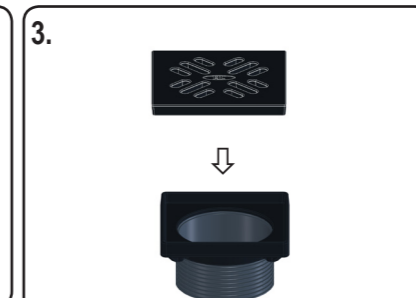

HL3910G

07.08.2019

D AUFSATZRAHMEN **TR** GÖVDE DÖKÜM ÇERÇEVELİ **H** RÁCSTARTÓ ELEM **RO** AJUTAJ CU RAMĂ
I CORNICE PORTAGRIGLIA **CZ/SK** NÁSTAVEC S RÁMEM **PL** RAMA NASADOWA **RUS** НАДСТАВНОЙ ЭЛЕМЕНТ
GB EXTENSION ELEMENT **HR** Ujjevni nastavak **SLO** OKVIRNI NASTAVEK **BG** НАСТАВКА
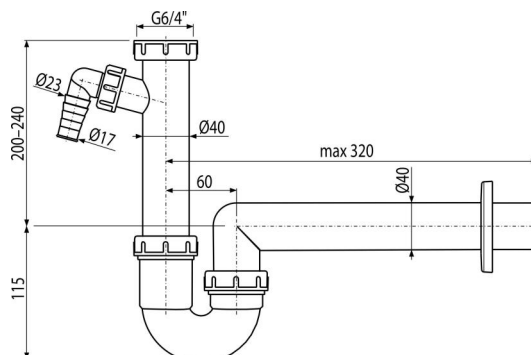

A81-DN40-ECO

Sifon chiuvetă cu țevă, piuliță 6/4" și legătură mașina de spălat

Aplicație

Pentru chiuvetă

Caracteristici

- Material: polipropilena reciclată
- Conectarea la conducta de evacuare de $\text{Ø}40$ mm
- ă€ Amprentă redusă de carbon
- Cu conector pentru mașină de spălat rufe sau vase
- Produce ă€n Republica Cehă
- Proces de producție zero de CO₂ euri

Conținutul pachetului

- Piuliță 6/4"
- Rozetă din plastic
- Sifon cu racord

Detalii pentru comandă, Informații logistice

Cod	EAN	Greutate (buc | ambalare | palet)	Dimensiuni (buc | ambalare)	Cantitate (ambalare | palet)
A81-DN40-ECO	8595580576899	40 mm 0,38 | 5,77 | 181,4 kg	330x90x190 | 590x240x390 mm	15 | 420 buc

Garanție

2/3 ani

Norme

EN 274

Parametrii tehnici

- Racord furtun 17-23 mm
- Debit 60 l/min
- Rezistența termică 95 °C
- Sifon anti miros 64 mm

________________________

- **ACTIVITY**
Which lines of the records contain the word "spălat"? Copy each of them.

- **TASK SOLUTION**
Sifon chiuvetă cu țevă, piuliță 6/4" și legătură mașina de spălat
- Cu conector pentru mașină de spălat rufe sau vase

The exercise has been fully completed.